# Stored records:

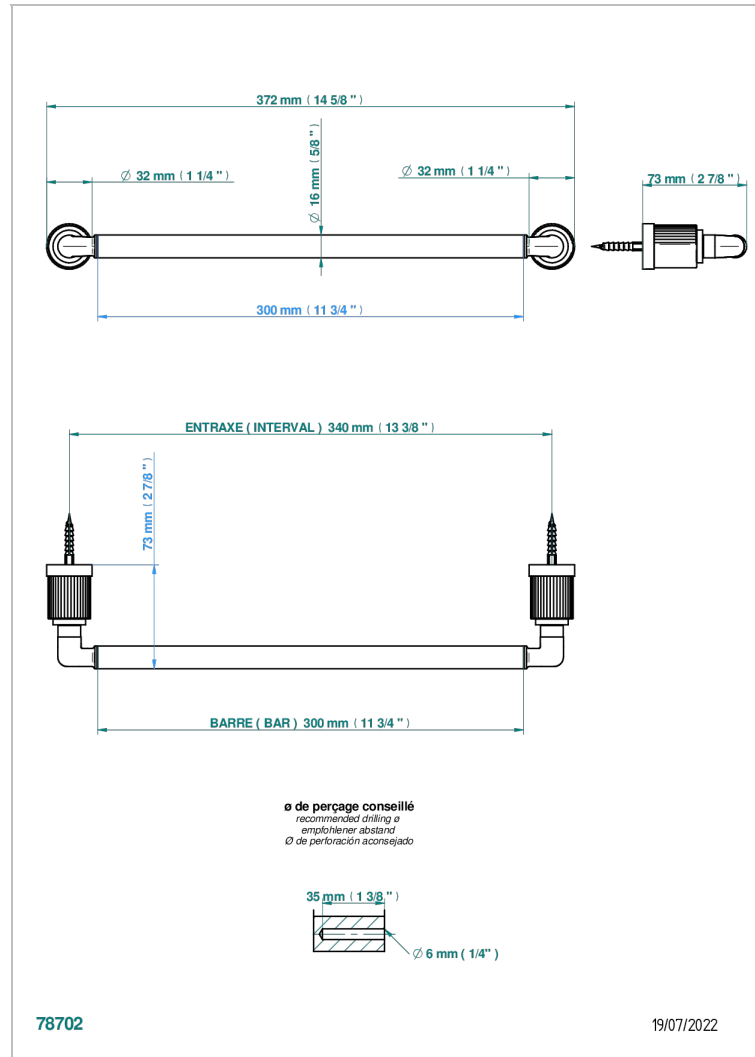

ESTRELA A MANETTES

U3K-514/30

Porte-serviette 1 barre fixe long.300 mm

THG[®]
PARIS

CARACTÉRISTIQUES

- Estrela à manettes
- Porte-serviette 1 barre fixe long.300 mm

FINITIONS DISPONIBLES

Chromé - A02
Chromé insert doré - GA1
Chromé mat - C02
Doré brillant - F01
Doré mat - F07
Laiton fumé naturel - A13
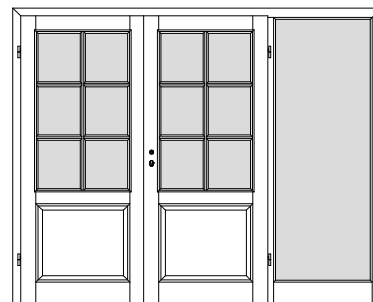

## Windfangzargen *Typ LH / Inline / OG / BLZ / ABZ*

*Kiefer astig / Fichte astig / Fichte astig gebürstet*

W11S

1-flgl. Tür mit 1 festen Seitenteil links

W12S

1-flgl. Tür mit 2 festen Seitenteilen links + rechts

W11S

1-flgl. Tür mit 1 festen Seitenteil rechts

W1D1S

2-flgl. Tür mit 1 festen Seitenteil links

W1D2S

2-flgl. Tür mit 2 festen Seitenteilen links + rechts

W1D1S

2-flgl. Tür mit 1 festen Seitenteil rechts

W1G1S

1-flgl. Tür mit 1 festen Seitenteil links

W1G2S

1-flgl. Tür mit 2 festen Seitenteilen links + rechts

W1G1S

1-flgl. Tür mit 1 festen Seitenteil rechts

W1GD1S

2-flgl. Tür mit 1 festen Seitenteil links

W1GD2S

2-flgl. Tür mit 2 festen Seitenteilen links + rechts

W1GD1S

2-flgl. Tür mit 1 festen Seitenteil rechts

\*\*\* Alle Seitenteile / Oberlichter sind mit Glasleisten zur bauseitigen Verglasung vorgerichtet, generell ohne Glas. \*\*\*

# What to do:
Using the entries above, work out the number of lines containing the string "long", and supply only that number.

# Answer space:
2